**Exercise description:**
State how many lines in the material hold the string "data"; nothing besides that number is expected.

_ _ _ _ _ _ _

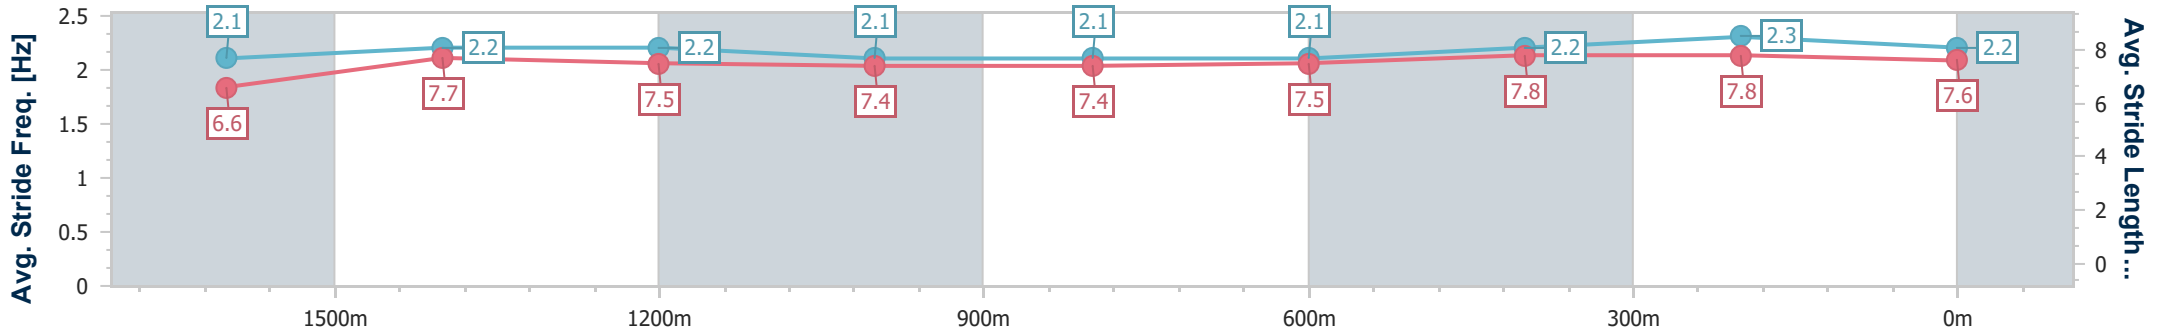

- [ ] Ranking at each section and finish
- .-.- No data available at this section
- NA No data available

Horse/Jockey Name	Semaphore Girl
Final Rank	5
Fastest Section Time (Section)	0:11.40 (400m)
Top Speed [km/h] (Section)	63.8 (600m)
Race State	Finished

Eagle Farm QLD Professional

Race 2: SKY RACING BENCHMARK 65 Handicap - 1845m

07 February 2024 - 14:48

Track Rating: Good 4, Weather: Fine, Rail Position: +9.5 Entire

BRISBANE RACING CLUB

Section	Overall	1600m	1400m	1200m	1000m	800m	600m	400m	200m
Section Times	1:55.24 [5] (0:17.84)	1:37.40 [5] (0:11.71)	1:25.69 [4] (0:12.21)	1:13.48 [4] (0:12.83)	1:00.65 [4] (0:13.05)	0:47.60 [4] (0:12.48)	0:35.12 [4] (0:11.68)	0:23.44 [5] (0:11.40)	0:12.04 [6] (0:12.04)
Average Speed [km/h]	49.2	61.4	59.1	56.3	55.6	57.9	61.9	63.1	60.1
Top Speed [km/h]	61.3	62.4	61.1	58.1	57.5	59.4	63.8	63.7	62.0
Avg. Dist. to Rail [m]	1.6	0.2	0.8	1.8	1.7	1.0	0.7	1.2	1.7
Avg. Stride Freq. [Hz]	2.1	2.2	2.2	2.1	2.1	2.1	2.2	2.3	2.2
Avg. Stride Length [m]	6.6	7.7	7.5	7.4	7.4	7.5	7.8	7.8	7.6

_ _ _ _ _ _ _

**Result:**
2